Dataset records
******

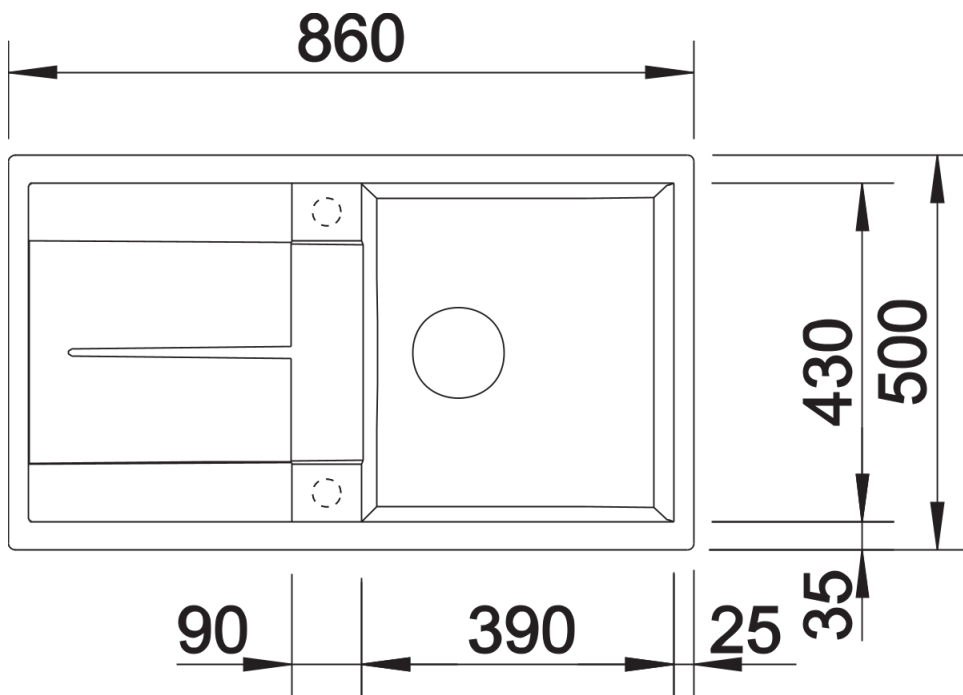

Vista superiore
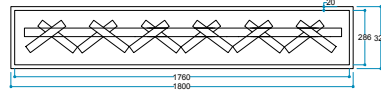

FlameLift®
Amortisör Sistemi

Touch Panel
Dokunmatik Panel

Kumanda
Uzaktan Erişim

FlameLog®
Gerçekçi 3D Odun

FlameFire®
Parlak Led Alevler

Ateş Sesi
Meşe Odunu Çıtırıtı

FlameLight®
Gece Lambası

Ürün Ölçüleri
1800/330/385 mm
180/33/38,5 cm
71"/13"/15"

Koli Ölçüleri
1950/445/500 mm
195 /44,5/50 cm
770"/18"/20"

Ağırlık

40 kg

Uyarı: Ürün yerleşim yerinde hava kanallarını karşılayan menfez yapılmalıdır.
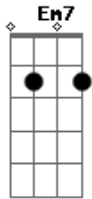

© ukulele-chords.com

******

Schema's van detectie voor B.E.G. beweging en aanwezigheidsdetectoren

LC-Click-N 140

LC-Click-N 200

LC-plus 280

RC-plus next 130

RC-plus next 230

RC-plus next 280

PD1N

******

__Task to complete__
Taking the lines above one at a time, give the number of them that contain the string "Ürün". Add nothing else.

__Answer space__
2